What is being asked →
Your task is to transcribe the entries below exactly, beginning with the line containing "VICTIMS BY RELIGION BIAS" and ending with the final line, and to add nothing else.

Items listed in a dataset →
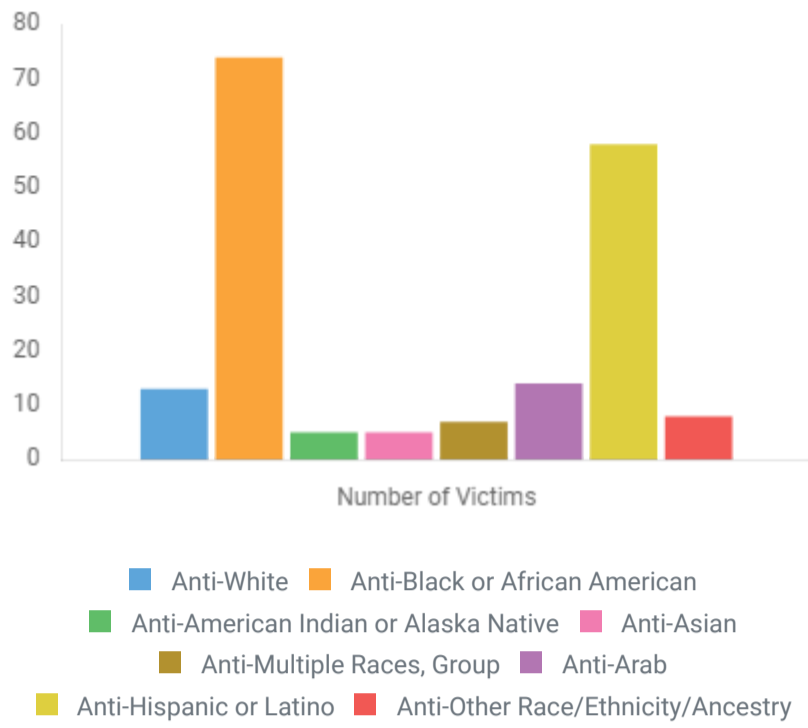

[Colorado Crime Statistics FAQs](#)

[List of agencies that are missing data in 2023](#)

HATE CRIME

A hate crime is a traditional offense like murder, arson, or vandalism with an added element of bias. For the purposes of collecting statistics, the FBI has defined a hate crime as a “criminal offense against a person or property motivated in whole or in part by an offender’s bias against a race, religion, disability, sexual orientation, ethnicity, gender, or gender identity.”

* Prosecution Declined (by the prosecutor for other than lack of probable cause)

* In custody of Other Jurisdiction (includes extradition denied)

* Victim Refused to Cooperate (in the prosecution)

* Juvenile/No Custody (the handling of juvenile without taking him/her into custody, but rather by oral or written notice given to the parents or legal guardian in a case involving a minor offense, such as petty larceny).

5-YEAR TREND

Hate Crime

VICTIMS BY BIAS CATEGORY

Total Number of Victims: 333

VICTIMS BY RACE/ETHNICITY/ANCESTRY BIAS

Total Number of Victims: 184

VICTIMS BY RELIGION BIAS

Total Number of Victims: 30

VICTIMS BY GENDER BIAS

Total Number of Victims: 0

No Data Available

VICTIMS BY GENDER IDENTITY BIAS

Total Number of Victims: 18

VICTIMS BY SEXUAL ORIENTATION

Total Number of Victims: 102

VICTIMS BY DISABILITY

Exercise result →
VICTIMS BY RELIGION BIAS

Total Number of Victims: 30

VICTIMS BY GENDER BIAS

Total Number of Victims: 0

No Data Available

VICTIMS BY GENDER IDENTITY BIAS

Total Number of Victims: 18

VICTIMS BY SEXUAL ORIENTATION

Total Number of Victims: 102

VICTIMS BY DISABILITY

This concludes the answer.